Интерпретация агрессии животных как сдержанной и формальной может вызвать возражения. В частности, несправедливо, конечно, осуждать бедного старину Homo sapiens как единственный вид, убивающий себе подобных, как единственного наследника каиновой печати, и предъявлять ему такие мелодраматические обвинения. Что именно отмечает натуралист — сдержанность или неистовость животных — зависит отчасти от того, за какими видами животных он наблюдает, а отчасти от его взглядов на эволюцию вообще — ведь Лоренц в конечном счете сторонник концепции «во благо вида». Пусть представление о драках животных как о «джентльменских» поединках несколько преувеличено, но в нем несомненно есть по крайней мере немножко правды. На первый взгляд это вылядит как одна из форм альтруизма. Теория эгоистичного гена должна быть готова к нелегкой задаче дать этому объяснение.
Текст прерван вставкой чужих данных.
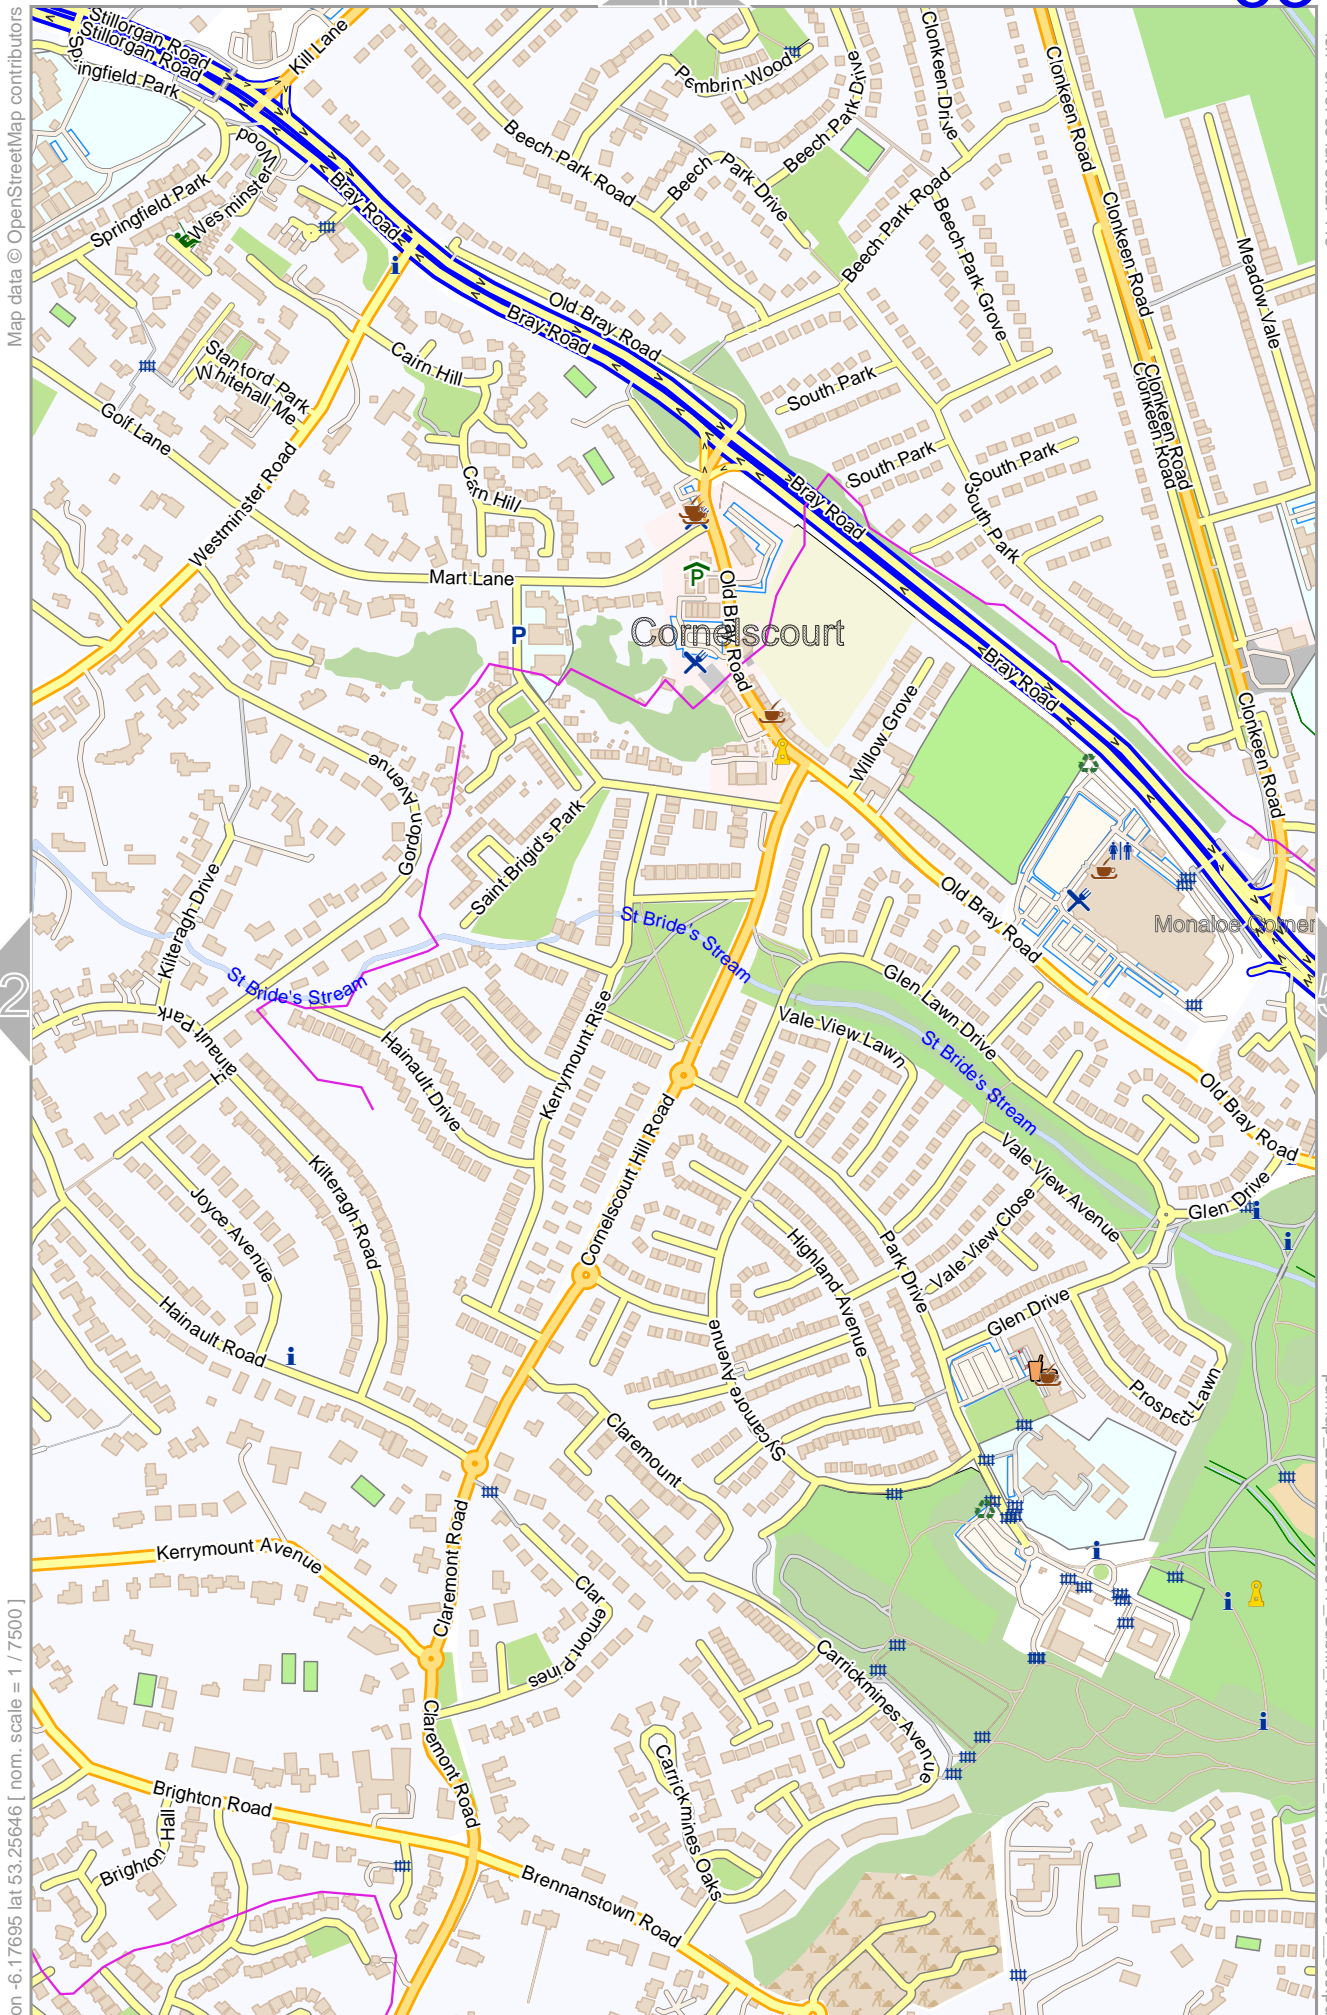

Map data © OpenStreetMap contributors

lon -6.17695 lat 53.25646 [nom. scale = 1 / 75000]

pdfmap_20241201_200817_Dublin_Area_center_-6.1409_53.2564_366.pdf

Почему животные при каждой представившейся возможности не вступают в бой, чтобы убивать соперников, принадлежащих к их собственному виду?
На это можно, вообще говоря, ответить, что откровенная драчливость дает не только какие-то преимущества; за нее приходится расплачиваться, причем плата не ограничивается такими очевидными расходами, как потеря времени и энергии. Допустим, например, что индивидуумы B и C — мои соперники и что я случайно встретил B. Мне как эгоистичному индивидууму могло бы показаться разумным убить его. Не будем, однако, спешить. С также мой соперник, но он Одновременно и соперник B. Убив B, я тем самым окажу услугу C, убрав одного из его соперников. Может быть, лучше не убивать B, потому что он мог бы в таком случае вступить в конкуренцию или в драку с C, что косвенным образом оказалось бы благоприятным для меня. Мораль, вытекающая из этого простого гипотетического примера, сводится к тому, что пытаться убивать соперников без разбора не всегда целесообразно. В обширной и сложной системе соперничества удаление со сцены одного соперника необязательно окажется полезным: другие соперники могут выиграть от его гибели больше, чем тот, кто его убил. В этом убеждаются специалисты по борьбе с вредителями на собственном горьком опыте: выработав эффективный метод борьбы с серьезным вредителем какой-нибудь сельскохозяйственной культуры и радостно искоренив его, они обнаруживают, что другой вредитель выиграл от гибели уничтоженного вредителя гораздо больше, чем человек, и сельское хозяйство в конечном счете стало терять больше, чем прежде.